The Best Chocolate Cake

1 1/2 cups cocoa powder*

3 cups flour

3 cups sugar

1 teaspoon soda

1 1/2 teaspoon baking powder

1 1/2 teaspoon salt

3 eggs

1 1/2 cup buttermilk

1 1/2 cup hot water

3/4 cup oil

1 1/2 teaspoon vanilla

Heat the oven to 350 degrees. Prepare two 8” round cake pans (or two 6” round pans and 24 cupcakes) with Baker’s Joy and parchment paper.

Sift cocoa, flour, sugar, baking soda, baking powder, and salt into mixer bowl.

On low, stir in eggs, buttermilk, hot water, oil, and vanilla; beat until smooth, about 2 minutes, scraping bowl as necessary.

Pour into prepared pans and bake, rotating the pans once, 35-45 minutes. (Less for the cupcakes)

Remove cakes to a cooling rack and let cool in the pans for 15 minutes before unmolding.

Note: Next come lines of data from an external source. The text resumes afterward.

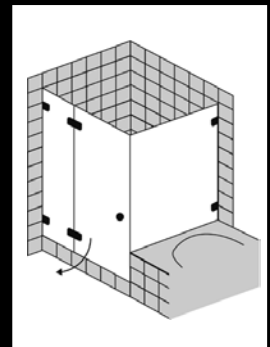

GANZGLAS-TÜR MIT FESTFELD/ SEITENWAND FÜR BADEWANNE

FORMAT Premium Ganzglas-Tür mit Festfeld/Seitenwand für Badewanne, Höhe bis 2000 mm

Beschlag in chrom, Kristallglas hell 8 mm,
Hebe Senk rahmenlos

Abmessung	Art.-Nr.
bis 800 x 800	F006270030001
bis 800 x 800	F006270030002
bis 900 x 900	F006270030003
bis 1000 x 1000	F006270030004

Maßangaben in mm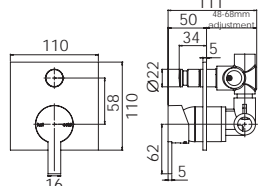

10512160

10512162

LE791

LQ774 / LQ776

LQ771 / LQ772

V775 / V776

V254 / V253

When the cakes (and cupcakes) are completely cool, frost with icing.

The Best Frosting

1 cup butter, room temperature

1 teaspoon vanilla

Heavy Cream

6-8 cups Confectioners Sugar, sifted

In a mixer beat the butter and vanilla until fluffy. Add 3 cups of confectioners sugar and beat well, Add some cream and 2 more cups of confectioners sugar beating well, add more cream and more confectioners sugar until you have the desired consistency.